Exercise directions:
Write each line out exactly, from the one containing "ДЕЙСТВИЕ НА СОСУДЫ" through the final line of the data, and keep pictures out of the copy.

───── Listed entries

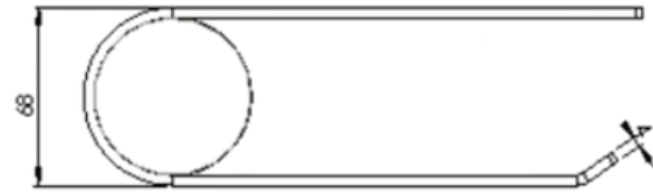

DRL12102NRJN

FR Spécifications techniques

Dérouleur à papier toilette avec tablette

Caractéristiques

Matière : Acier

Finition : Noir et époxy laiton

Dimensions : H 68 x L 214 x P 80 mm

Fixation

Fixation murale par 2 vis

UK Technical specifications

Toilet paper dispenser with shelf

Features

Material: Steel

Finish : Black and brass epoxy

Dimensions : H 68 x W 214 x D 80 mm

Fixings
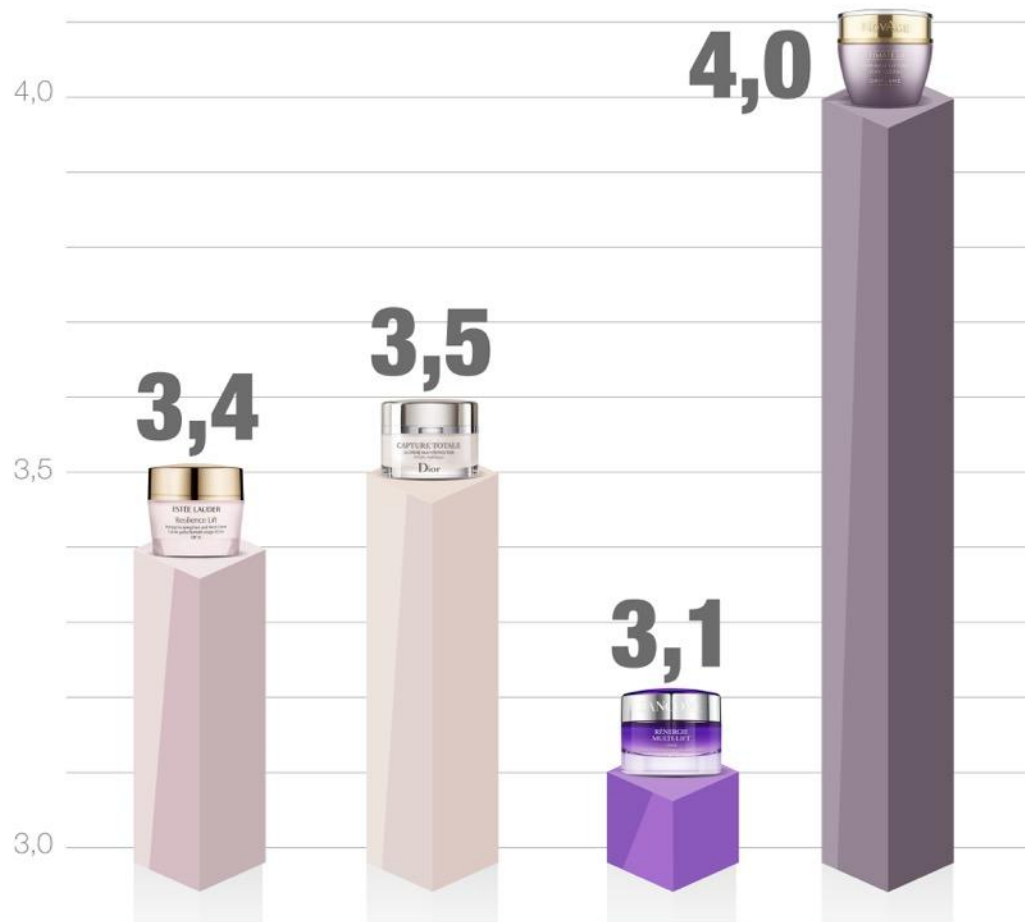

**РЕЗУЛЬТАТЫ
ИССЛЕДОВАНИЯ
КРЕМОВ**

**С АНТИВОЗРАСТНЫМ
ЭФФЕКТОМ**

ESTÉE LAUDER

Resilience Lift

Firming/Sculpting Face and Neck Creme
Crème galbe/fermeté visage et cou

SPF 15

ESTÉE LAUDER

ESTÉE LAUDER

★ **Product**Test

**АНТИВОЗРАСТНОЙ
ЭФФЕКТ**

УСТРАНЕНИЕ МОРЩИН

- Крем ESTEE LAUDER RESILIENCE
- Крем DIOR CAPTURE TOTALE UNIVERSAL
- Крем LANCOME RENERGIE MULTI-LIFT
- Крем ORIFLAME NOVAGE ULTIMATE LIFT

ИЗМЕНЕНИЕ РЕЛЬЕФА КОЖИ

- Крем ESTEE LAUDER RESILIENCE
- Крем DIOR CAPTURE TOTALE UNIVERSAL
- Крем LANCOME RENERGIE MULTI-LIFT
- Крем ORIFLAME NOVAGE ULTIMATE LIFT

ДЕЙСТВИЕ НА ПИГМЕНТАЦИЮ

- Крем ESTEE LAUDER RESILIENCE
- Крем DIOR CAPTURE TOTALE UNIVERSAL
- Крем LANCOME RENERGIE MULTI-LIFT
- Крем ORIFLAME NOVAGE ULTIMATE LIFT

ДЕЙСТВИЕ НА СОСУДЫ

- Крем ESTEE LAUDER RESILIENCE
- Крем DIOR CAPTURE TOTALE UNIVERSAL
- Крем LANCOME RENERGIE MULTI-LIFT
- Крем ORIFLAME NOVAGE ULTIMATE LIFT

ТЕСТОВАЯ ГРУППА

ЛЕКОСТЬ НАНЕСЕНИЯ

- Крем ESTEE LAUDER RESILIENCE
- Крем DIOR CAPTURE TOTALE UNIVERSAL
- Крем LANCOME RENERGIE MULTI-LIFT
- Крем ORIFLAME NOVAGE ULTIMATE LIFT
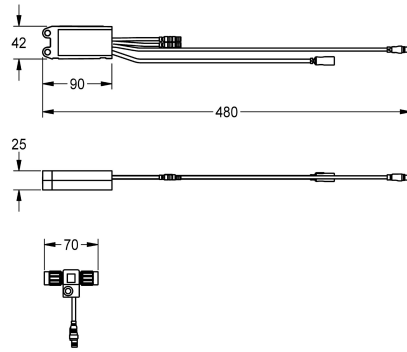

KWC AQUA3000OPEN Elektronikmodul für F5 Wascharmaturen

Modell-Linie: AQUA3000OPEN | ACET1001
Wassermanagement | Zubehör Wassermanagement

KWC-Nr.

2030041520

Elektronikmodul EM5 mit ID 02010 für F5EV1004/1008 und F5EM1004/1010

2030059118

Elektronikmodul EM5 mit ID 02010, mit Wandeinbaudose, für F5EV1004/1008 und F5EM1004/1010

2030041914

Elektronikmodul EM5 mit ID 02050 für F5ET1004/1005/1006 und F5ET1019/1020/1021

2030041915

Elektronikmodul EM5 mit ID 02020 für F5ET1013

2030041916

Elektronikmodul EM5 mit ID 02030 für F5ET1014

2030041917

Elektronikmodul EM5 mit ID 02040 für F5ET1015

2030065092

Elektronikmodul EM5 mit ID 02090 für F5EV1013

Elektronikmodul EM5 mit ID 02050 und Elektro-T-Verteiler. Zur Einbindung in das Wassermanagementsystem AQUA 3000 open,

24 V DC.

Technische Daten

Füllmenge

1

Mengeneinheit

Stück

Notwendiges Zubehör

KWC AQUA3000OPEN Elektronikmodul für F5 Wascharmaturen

──────────

Problem solution:
ДЕЙСТВИЕ НА СОСУДЫ

- Крем ESTEE LAUDER RESILIENCE
- Крем DIOR CAPTURE TOTALE UNIVERSAL
- Крем LANCOME RENERGIE MULTI-LIFT
- Крем ORIFLAME NOVAGE ULTIMATE LIFT

ТЕСТОВАЯ ГРУППА

ЛЕКОСТЬ НАНЕСЕНИЯ

- Крем ESTEE LAUDER RESILIENCE
- Крем DIOR CAPTURE TOTALE UNIVERSAL
- Крем LANCOME RENERGIE MULTI-LIFT
- Крем ORIFLAME NOVAGE ULTIMATE LIFT

KWC AQUA3000OPEN Elektronikmodul für F5 Wascharmaturen

Modell-Linie: AQUA3000OPEN | ACET1001
Wassermanagement | Zubehör Wassermanagement

KWC-Nr.

2030041520

Elektronikmodul EM5 mit ID 02010 für F5EV1004/1008 und F5EM1004/1010

2030059118

Elektronikmodul EM5 mit ID 02010, mit Wandeinbaudose, für F5EV1004/1008 und F5EM1004/1010

2030041914

Elektronikmodul EM5 mit ID 02050 für F5ET1004/1005/1006 und F5ET1019/1020/1021

2030041915

Elektronikmodul EM5 mit ID 02020 für F5ET1013

2030041916

Elektronikmodul EM5 mit ID 02030 für F5ET1014

2030041917

Elektronikmodul EM5 mit ID 02040 für F5ET1015

2030065092

Elektronikmodul EM5 mit ID 02090 für F5EV1013

Elektronikmodul EM5 mit ID 02050 und Elektro-T-Verteiler. Zur Einbindung in das Wassermanagementsystem AQUA 3000 open,

24 V DC.

Technische Daten

Füllmenge

1

Mengeneinheit

Stück

Notwendiges Zubehör

KWC AQUA3000OPEN Elektronikmodul für F5 Wascharmaturen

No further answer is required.